Assume we have the following `linear model` to make the prediction:

$$ f_{w,b}(x^{(i)}) = w\cdot x^{(i)} + b \tag{1} \ , $$



where $x^{(i)}$ is the feature value for the $i$-th training example and $w,b$ are the weight and bias parameters. For linear regession the there is only one single feature as an input.

The `cost function` $J(w,b)$ is a measurement which describes how good the `predicted values` $f_{w,b}(x^{(i)})$ matches to the `target values` $y^{(i)}$ of the training set. In general to get a good fit of predicted to target values the cost function needs be minimzed.

$$ J(w,b) = \frac{1}{2m} \sum_i^m (f_{w,b}(x^{(i)}) - y^{(i)})^2 = \frac{1}{2m} \sum_i^m (w\cdot x^{(i)} + b - y^{(i)})^2 \tag{2} \ .$$

In order to get the "optimal" values for $w$ and $b$ the `gradient descent method` will be applied to find a *`local`* or *`global minima`* of the cost function.

$$w = w - \alpha \cdot \frac{\partial}{\partial w} J(w,b) \tag{3} \ ,$$

$$b = b - \alpha \cdot \frac{\partial}{\partial w} J(w,b) \tag{4} \ ,$$

where $\alpha$ is the `learning rate value`. Chosing a very small value of $\alpha$ will lead to the local or global minima, but it will take large number of iteration to converge. A large value of $\alpha$ may lead to an overestimated value for the cost function $J$. After a certain iteration the soltion might diverge and the local or global minima cannot be found.

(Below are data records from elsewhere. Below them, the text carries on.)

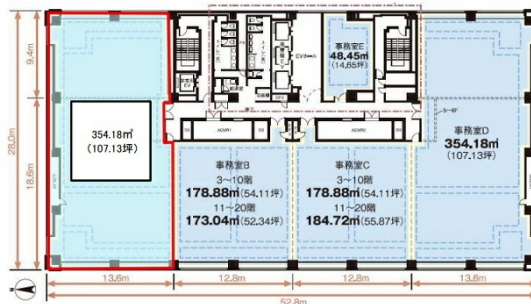

# シーノ大宮ノースウィング 4階107.13坪

埼玉県さいたま市大宮区桜木町1-10-16

## 物件MAP

賃貸条件	
坪数	107.13坪
階数	4階 (401)
入居可能日	
ビル情報	
所在地	埼玉県さいたま市大宮区桜木町1-10-16
最寄り駅	JR東北本線(宇都宮線) 大宮駅 徒歩5分 JR高崎線 大宮駅 徒歩5分 JR京浜東北線 大宮駅 徒歩5分 JR川越線 大宮駅 徒歩5分
エリア	大宮駅周辺エリア
竣工	2004年1月
耐震	新耐震基準
階数	地上20階 地下1階
用途	事務所
構造	S造
設備情報	
エレベーター	4基
空調	個別空調
OAフロア	OAフロア
基準階天井高	2,700mm
光ファイバー	有り
トイレ	男女別・室外
セキュリティ	有り
駐車場	有り

Evaluating the the `partial derivatives` of the cost function will give the following for $w$ and $b$:

$$w = w - \alpha \cdot \frac{1}{m} \sum_i^m (w\cdot x^{(i)} + b - y^{(i)}) x^{(i)} \tag{5} \ , $$

$$b = b - \alpha \cdot \frac{1}{m} \sum_i^m (w\cdot x^{(i)} + b - y^{(i)}) \tag{6} \ . $$

## Example Problem

| Size (sqft) | Price (1000s dollars)  |   
| ----------------|-------------- |  
| 2104            | 460           |  
| 1416            | 232           |  
| 852             | 178           |  

In this example the price of the house depends only on on the **single feature** *size* . The number of given **traning examples** are **3**.

In [3]:
import matplotlib.pyplot as plt
from matplotlib import cm
from matplotlib.ticker import LinearLocator
import numpy as np
import numpy.typing as npt

get_ipython().run_line_magic('matplotlib', 'notebook')

## Tranining data

In [163]:
x_train = np.array([2014., 1416., 852.])
y_train = np.array([460, 232, 178])

## Define Cost-Function

In [164]:
def compute_cost(x,y,w,b):

    m = x.shape[0] # number of training examples
    
    sum_cost = 0
    
    for i in range(m):
        fwb = w * x[i] + b
        sum_i = (fwb - y[i])**2
        sum_cost = sum_cost + sum_i

    cost_value = sum_cost/(2*m)
    
    return cost_value

## Define Function for Gradient Caluclation

In [165]:
def compute_gradient(x,y,w,b):
    
    m = x.shape[0] # number of training examples
    
    sum_dw = 0
    sum_db = 0
    
    for i in range(m):
        fwb = w * x[i] + b
        
        # gradient for w
        sum_dw_i = (fwb - y[i])*x[i]
        sum_dw = sum_dw + sum_dw_i
        
        # gradient for y
        sum_db_i = (fwb - y[i])
        sum_db = sum_db + sum_db_i
        
    dj_dw = sum_dw/m    
    dj_db = sum_db/m
    
    return dj_dw, dj_db

## Define Gradient Descent Function for Optimizating the Parameter

In [166]:
def gradient_descent(x,y,w_init,b_init,alpha,cost_function,gradient_function,num_iter):
    
    w = w_init
    b = b_init
    J_history = []
    w_history = []
    b_history = []
    
    for i in range(num_iter):
        # compute cost value
        J_history.append(compute_cost(x,y,w,b))
        
        # compute gradient
        dj_dw, dj_db = compute_gradient(x,y,w,b)
        
        # update parameter w and b
        w = w - alpha * dj_dw
        b = b - alpha * dj_db
        
        w_history.append(w)
        b_history.append(b)
        
    return w, b, J_history, w_history, b_history

## Run Gradient Descent Algorithm

In [171]:
x = x_train
y = y_train
w_init = -300.
b_init = 30.
alpha = 1e-8
cost_function = compute_cost
gradient_function = compute_gradient
num_iter = 50000

w,b,J_history,w_history, b_history = gradient_descent(x,y,w_init,b_init,alpha,cost_function,gradient_function,num_iter)

## Optimized Parameter Value Pair

In [172]:
w_opt, b_opt = w_history[-1], b_history[-1]
print(f'Optimized value for w,b : {w_opt, b_opt}')

Optimized value for w,b : (0.18820193474081665, 30.184981955646812)


## Visualize Cost-Function

In [174]:
w1 = np.arange(-400,201)
b1 = np.arange(-400,201)

w1,b1 = np.meshgrid(w1,b1)

cost_value1 = compute_cost(x_train,y_train,w1,b1)

plt.figure(figsize=(6,6))
ax = plt.axes(projection ='3d')

#ax.plot_surface(w1,b1, cost_value1, cmap ='coolwarm')
ax.plot_wireframe(w1,b1, cost_value1, cmap ='coolwarm')

ax.set_xlabel('$w$')
ax.set_ylabel('$b$')
ax.set_zlabel('$J(w,b)$')

ax.scatter(w_history, b_history, J_history, marker='o', c="green", s=5)

plt.show()

<IPython.core.display.Javascript object>